Furthermore, the signal peptide is CD8 SP signal peptide;

Furthermore, the hinge region of the chimeric receptor is CD8 Hinge;

Furthermore, the costimulatory signaling domain is a 4-1BB costimulatory signaling domain;

Furthermore, the signaling domain is a CD3ζ signaling domain;

According to the present invention, the chimeric antigen receptor is composed of a CD8 SP signal peptide, an antigen binding domain (VH-(GGGGS) ₃ -VL) that binds to the PDGFRβ antigen, a CD8 Hinge, a 4-1BB costimulatory signaling domain, and a CD3ζ signaling domain in series.

The second aspect of the present invention provides a nucleic acid molecule comprising nucleotides encoding the above-mentioned chimeric antigen receptor targeting PDGFRβ.

It should be noted that those skilled in the art can readily mutate the nucleotide sequence encoding the chimeric antigen receptor targeting PDGFRβ of the present invention using known methods, such as directed evolution and point mutagenesis. Artificially modified nucleotide sequences that share 75% or greater identity with the nucleotide sequence of the present invention are derived from and are equivalent to the nucleotide sequence of the present invention, as long as they encode the chimeric antigen receptor and have the same function.

Furthermore, the nucleic acid molecule includes, in sequence, the gene sequence encoding the CD8SP signal peptide, the gene sequence encoding the antigen binding domain that binds to the PDGFRβ antigen, the gene sequence encoding the CD8 Hinge, the gene sequence encoding the 4-1BB co-stimulatory signal transduction domain, and the gene sequence encoding the CD3ζ signal transduction domain.

The third aspect of the present invention provides a recombinant expression vector, which comprises the nucleic acid molecule described in the second aspect.

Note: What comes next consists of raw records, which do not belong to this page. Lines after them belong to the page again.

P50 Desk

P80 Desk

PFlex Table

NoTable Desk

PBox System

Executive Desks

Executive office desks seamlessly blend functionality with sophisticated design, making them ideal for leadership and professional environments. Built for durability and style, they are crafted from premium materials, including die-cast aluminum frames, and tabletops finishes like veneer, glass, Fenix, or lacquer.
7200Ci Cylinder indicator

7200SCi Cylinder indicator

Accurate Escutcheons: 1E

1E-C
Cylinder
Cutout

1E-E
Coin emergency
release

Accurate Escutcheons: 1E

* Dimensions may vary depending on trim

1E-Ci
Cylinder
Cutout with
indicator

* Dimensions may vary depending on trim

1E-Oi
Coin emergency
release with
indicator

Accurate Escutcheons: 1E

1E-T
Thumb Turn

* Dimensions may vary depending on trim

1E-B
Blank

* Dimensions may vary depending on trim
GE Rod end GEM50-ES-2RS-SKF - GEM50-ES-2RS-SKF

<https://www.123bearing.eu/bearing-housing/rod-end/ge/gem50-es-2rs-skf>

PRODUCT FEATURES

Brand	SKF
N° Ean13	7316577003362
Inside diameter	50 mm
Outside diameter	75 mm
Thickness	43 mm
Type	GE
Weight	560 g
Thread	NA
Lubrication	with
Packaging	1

According to the present invention, the recombinant expression vector is a viral vector, which may be a retroviral vector or a lentiviral vector; more preferably, it is a lentiviral vector, and the recombinant expression vector is a recombinant viral vector expressing the chimeric antigen receptor by inserting the nucleic acid molecule of the chimeric antigen receptor into a virus.

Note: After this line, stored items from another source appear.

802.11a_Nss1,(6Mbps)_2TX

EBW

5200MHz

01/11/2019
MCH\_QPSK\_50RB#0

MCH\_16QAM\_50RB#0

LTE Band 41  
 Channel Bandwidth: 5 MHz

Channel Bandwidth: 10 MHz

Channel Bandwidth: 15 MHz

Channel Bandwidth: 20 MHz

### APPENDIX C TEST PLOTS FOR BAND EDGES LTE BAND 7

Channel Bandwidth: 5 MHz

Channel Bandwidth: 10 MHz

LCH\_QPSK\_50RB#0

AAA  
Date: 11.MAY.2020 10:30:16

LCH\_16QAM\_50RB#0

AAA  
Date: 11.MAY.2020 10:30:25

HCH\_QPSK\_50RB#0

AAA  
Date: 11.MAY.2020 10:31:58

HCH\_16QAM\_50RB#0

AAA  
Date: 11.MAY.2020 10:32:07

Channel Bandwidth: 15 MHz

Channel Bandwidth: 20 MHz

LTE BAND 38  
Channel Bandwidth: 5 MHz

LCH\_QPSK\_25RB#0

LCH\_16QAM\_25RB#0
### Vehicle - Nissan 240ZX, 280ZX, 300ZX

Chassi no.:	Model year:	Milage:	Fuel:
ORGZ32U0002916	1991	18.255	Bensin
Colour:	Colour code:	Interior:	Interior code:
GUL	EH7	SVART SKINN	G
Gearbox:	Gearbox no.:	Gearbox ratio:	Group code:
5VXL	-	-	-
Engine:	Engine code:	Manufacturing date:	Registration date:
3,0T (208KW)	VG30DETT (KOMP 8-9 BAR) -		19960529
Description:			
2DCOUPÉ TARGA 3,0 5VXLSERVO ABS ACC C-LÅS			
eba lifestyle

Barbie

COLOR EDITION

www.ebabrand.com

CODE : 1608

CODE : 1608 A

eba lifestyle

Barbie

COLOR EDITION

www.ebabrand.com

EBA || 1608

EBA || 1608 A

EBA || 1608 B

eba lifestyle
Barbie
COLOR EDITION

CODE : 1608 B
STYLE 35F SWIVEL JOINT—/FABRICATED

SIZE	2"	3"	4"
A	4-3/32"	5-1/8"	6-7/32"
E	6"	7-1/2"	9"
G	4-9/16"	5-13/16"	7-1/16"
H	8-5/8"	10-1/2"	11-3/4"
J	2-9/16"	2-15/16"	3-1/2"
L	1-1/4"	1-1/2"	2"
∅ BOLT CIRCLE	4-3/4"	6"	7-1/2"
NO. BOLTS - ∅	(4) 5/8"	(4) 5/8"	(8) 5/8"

A fourth aspect of the present invention provides a CAR-T cell, which is a T lymphocyte modified with the aforementioned chimeric antigen receptor targeting PDGFRβ. The present invention provides a new therapeutic approach for CAR-T treatment of CKD, CVD, and other related diseases with high PDGFRβ expression.

Specifically, the CAR-T cells can be prepared by the following methods, such as infecting T cells with lentivirus; the lentivirus is obtained by transfecting recombinant lentiviral vectors into lentiviral packaging cells and then culturing the cells; the lentiviral vector is obtained by inserting the coding gene of the above-mentioned chimeric antigen receptor into the lentiviral vector.

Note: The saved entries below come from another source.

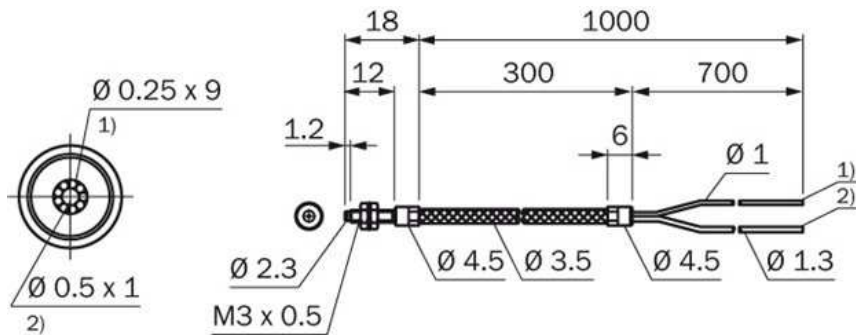

Robotics:	-
Retro-reflective:	-
Liquid level:	-
Category fiber-optic cables:	Threaded sleeve
Fiber length:	1,000 mm

1) Minimum detectable object was determined at optimal measuring distance and optimal setting

Sensing range with WLL180T

Operating mode 16 μs:	14 mm
Operating mode 70 μs:	49 mm
Operating mode 250 μs:	99 mm
Operating mode 2 ms:	190 mm
Operating mode 8 ms:	210 mm

Sensing range with WLL170-2

Redlight 250 μs:	60 mm
Greenlight 250 μs:	17 mm
Highspeed 50 μs:	27 mm

Dimensional drawing

1) Receiver
2) Sender

All dimensions in mm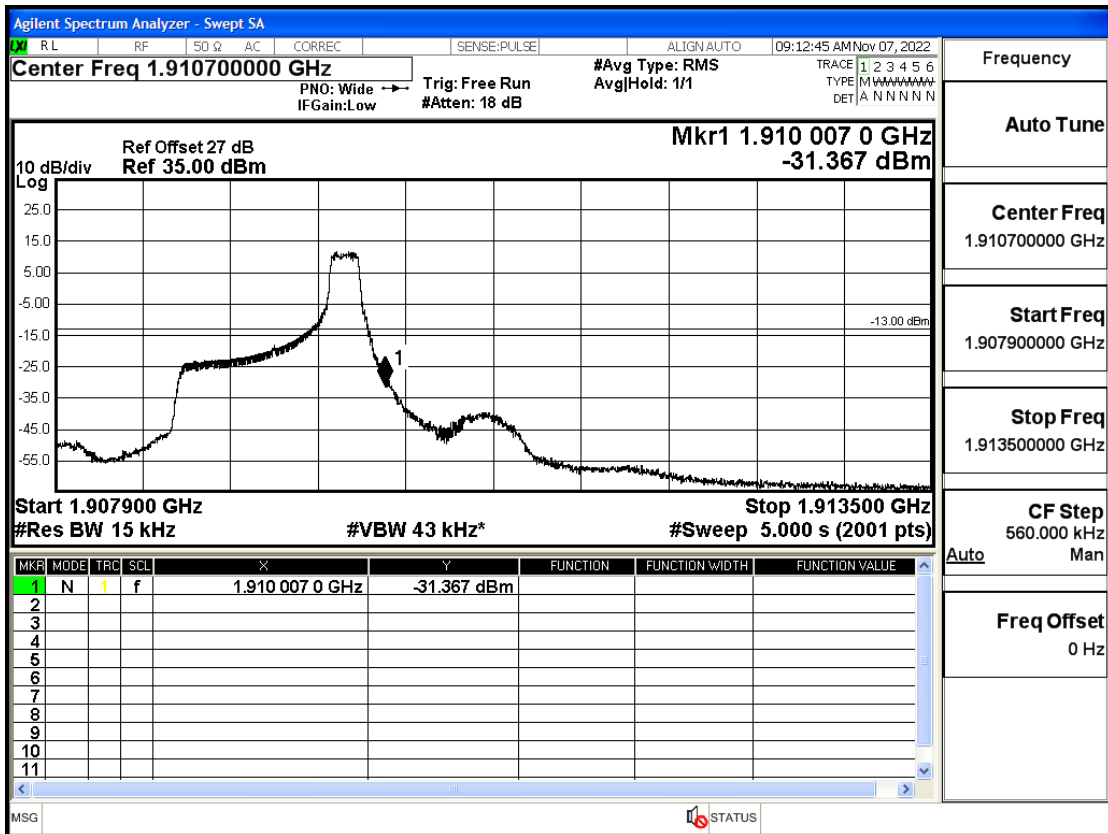

Band2-1.4-1909.3-16QAM-1#HIGH@Pass

The fifth aspect of the present invention provides the use of the above-mentioned chimeric antigen receptor, nucleic acid molecule, recombinant expression vector, and CAR-T cell in the preparation of a drug for preventing and/or treating diseases related to high PDGFRβ expression.

Specifically, the diseases associated with high PDGFRβ expression include but are not limited to kidney disease, liver disease, cardiovascular disease and tumor diseases, such as chronic kidney disease mediated by diabetes and/or hypertension, etc., which are not specifically limited here.

A sixth aspect of the present invention provides a product for preventing and/or treating diseases related to high PDGFRβ expression, wherein the active ingredient of the product may be the above-mentioned chimeric antigen receptor or the above-mentioned CAR-T cell.

Specifically, the diseases associated with high PDGFRβ expression include but are not limited to kidney disease, liver disease, cardiovascular disease and tumor diseases, such as chronic kidney disease mediated by diabetes and/or hypertension, etc., which are not specifically limited here.

The product may be a drug; when the product is a drug, the drug may further include a pharmaceutically acceptable carrier. The pharmaceutically acceptable carrier may be a buffer, an emulsifier, a suspending agent, a stabilizer, a preservative, an excipient, a filler, a coagulant and a conditioning agent, a surfactant, a dispersant, or a defoaming agent.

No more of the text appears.